**Exercise goal**
Your task is to tally the lines of the listing containing the word "Description" and report the figure alone.

**Records shown**
§ §

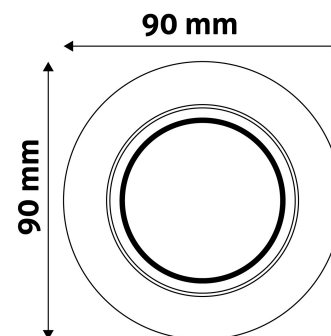

TECHNICAL DETAILS

Wattage:
Voltage range: 220-240V
Inner diameter: 55mm
Cut out size: 70mm
Swivel: Yes
IP standard: IP20

BOX PICTURE

Avide GU10 Frame Round Swivel Chrome

Product code:	ABGU10F-NS-CH
Brand link:	avidelighting.com/qr/ABGU10F-NS-CH
ID:	AB-190518
Company name:	Bramcke Hungary Kft.
Company address:	Kisatár utca 17., 4031 Debrecen

Date of issue: 2024-05-21

Page: 2/3

PRODUCT SIZE

Diameter:	
Height:	27mm

CARDBOARD BOX

EAN:	5999097911441
Packaging:	
Dimensions:	92mm x 36mm x 132mm
Net weight:	60.8g
Gross weight:	77.3g

CARTON

EAN:	5999097911458
Packaging:	1/b 100/c 3200/p
Dimensions:	485mm x 220mm x 390mm
Net weight:	6.08kg
Gross weight:	7.73kg

PALLET EXAMPLE

Height:	
Width:	120cm (std Euro pallet)
Depth:	80cm (std Euro pallet)
Cartons per pallet:	32carton/pallet
Cartons per row:	
Net weight:	194.56kg
Gross weight:	247.36kg

PRODUCT PICTURE

PRODUCT OUTLINE
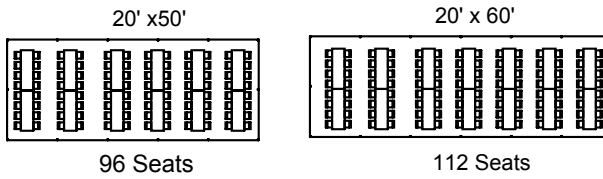

Best Event Rental

SAMPLE TENT LAYOUTS

Guest Seating at 8' Rectangular Tables

NOTE: Not all tent sizes shown.
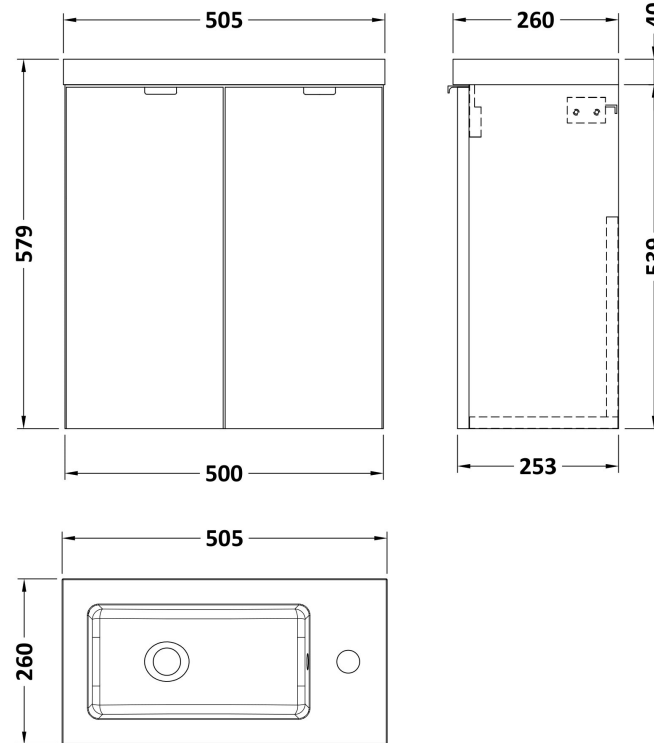

Sales Code: CBI538

Description: 500 2-Door Wall Hung Unit & Basin

Packaging Details

Barcode: 5056211848998

Sales Code: OFF534

Description: 500 2-Door Wall Hung Unit (255mm)

Product Dimensions

Height (mm):	540
Width (mm):	500
Depth (mm):	253
Nett Weight (kg):	9.5

Packaging Dimensions

Height (mm):	560
Width (mm):	520
Depth (mm):	275
Gross Weight (kg):	10

Packaging Data

Box Colour:	Brown Cardboard Box
Box Qty:	1
Label Size:	100 x 50
Label Colour:	White Label
Label Qty:	2

Outer Box Dimensions (If Applicable)

Height (mm):	
Width (mm):	
Depth (mm):	
Gross Weight (kg):	
Barcode:	5056211848691

Product Details

Country of Origin:	United Kingdom
Fitting Instruction:	No
CE & UKCA:	N/A
FSC Certified Materials:	Yes
Colour:	Anthracite Woodgrain
Construction Method:	Cam & Wood Dowel
Construction Type:	Rigid
Cabinet Finish:	MFC Textured Woodgrain
Fascia Finish:	MFC Textured Woodgrain
Cabinet Thickness (mm):	18
Fascia Thickness (mm):	18
Drawer Included:	No
Drawer Type:	Not Applicable
No of Shelves:	0
Hinge Type:	95 Degree Clip-On Soft Close
Hinge Included:	Yes, Supplied
Adjustable Legs:	No, Not Required
Fixings Included:	Yes
Handle Style:	Modern
Waste Shroud:	No
Handle Included:	Yes, Supplied
Handle Type:	Wrapover

Sales Code: PMB302

Description: 500 Side Tap Basin 1Th (502.5X255x40)

Product Dimensions

Height (mm):	255
Width (mm):	503
Depth (mm):	135
Nett Weight (kg):	8

Packaging Dimensions

Height (mm):	305
Width (mm):	205
Depth (mm):	555
Gross Weight (kg):	8

§ §

**Written solution**
3